What are the mechanisms underlying increased adiposity in relationship to catch-up growth? In rats, catch-up growth after a period of semi-starvation is characterised by accelerated and preferential recovery of fat mass compared with lean mass [9, 40], an effect potentially mediated by suppressed muscle thermogenesis, resulting in a shift of nutrients (glucose) to adipose tissue [40]. To find out whether a similar mechanism accounts for the increased fat accretion in UC mice during early stages of growth will require additional studies. Several other mechanisms may contribute to increased adiposity in relationship to catch-up growth. For example, increased food intake may contribute to increased adiposity in UC mice. While we do not have any measurement of food intake during the suckling period, when catch-up growth occurs food intake is similar in UC mice compared with CC mice at both 2 and 6 months of age. While these data indicate that postweaning food intake does not account for increased adiposity in UC mice, additional experiments will be required to evaluate potential differences in energy intake during the suckling period. We speculate that dysregulation of nutrient-stimulated insulin secretion, favouring inappropriate degrees of hyperinsulinaemia, may also contribute to fat accretion in our model. Other hormones and growth factors may also alter body composition in the setting of catch-up growth, including insulin-like growth factors, glucocorticoids or leptin [41, 42], or altered expression of genes regulating fat tissue development and/or differentiation [10]. Finally, altered timing and patterns of critical hormonal responses, including leptin, may contribute to the disruption of central nervous system architecture and function. This may lead, in turn, to programmed changes in leptin sensitivity and the balance of other pathways regulating satiety and energy expenditure—an important area for future investigation [23, 25].
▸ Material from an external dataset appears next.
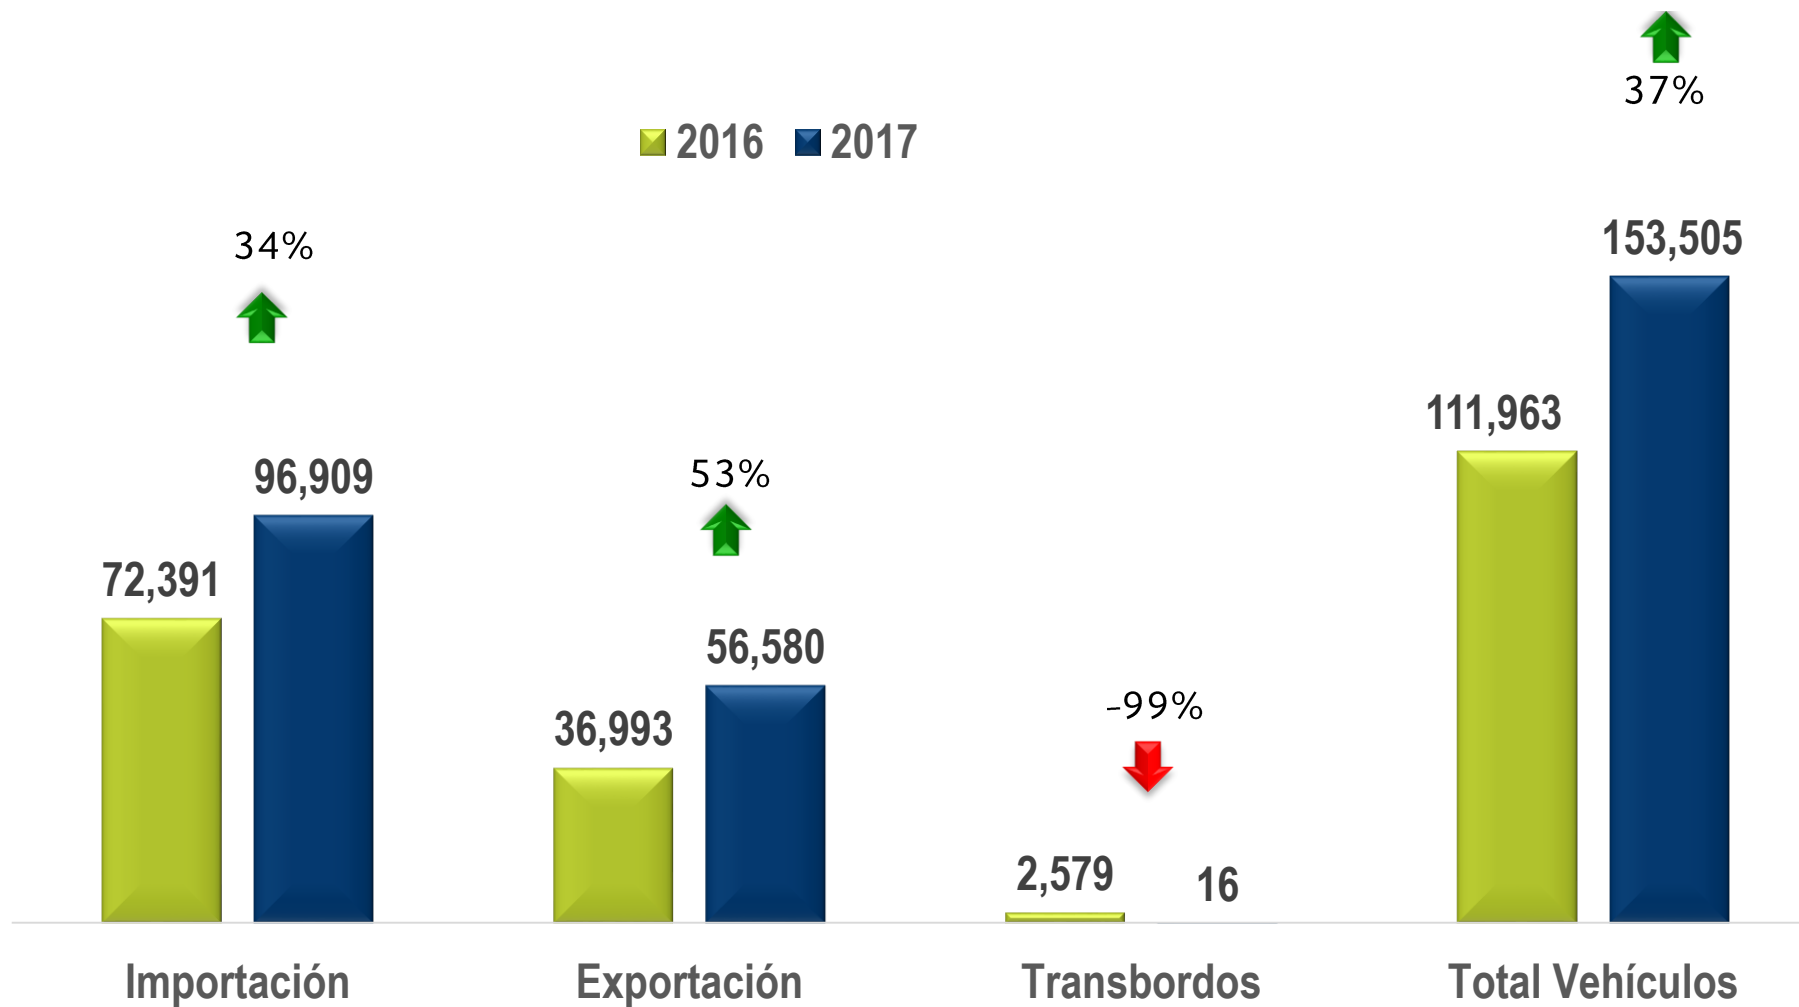

MOVIMIENTO DE VEHICULOS POR TIPO DE TRÁFICO

COMPARATIVO A MAYO 2016 - 2017

VEHÍCULOS

In conclusion, our data demonstrate that rapid postnatal growth, independent of birthweight, is a major contributor to later risk of adult disease. Preventing postnatal catch-up growth by modulating nutrient availability in LBW mice completely reverses the programming of obesity and glucose intolerance. In addition, deceleration of early growth rate in normal weight mice also improves glucose tolerance by age 6 months. These data suggest that reducing early postnatal growth rate in both SGA and AGA children could have potential beneficial consequences for long-term health. Thus, our data provide support for the idea that carefully controlled alterations in calorie intake and/or composition, designed to attenuate catch-up growth and accretion of adipose tissue, may be clinically beneficial in LBW individuals, in order to minimise the risk of adult disease. Future investigations will be critical in identifying mechanisms and markers of postnatal catch-up fat accretion, and in designing optimal nutritional interventions in key therapeutic windows, in order to prevent overnutrition in high-risk infants.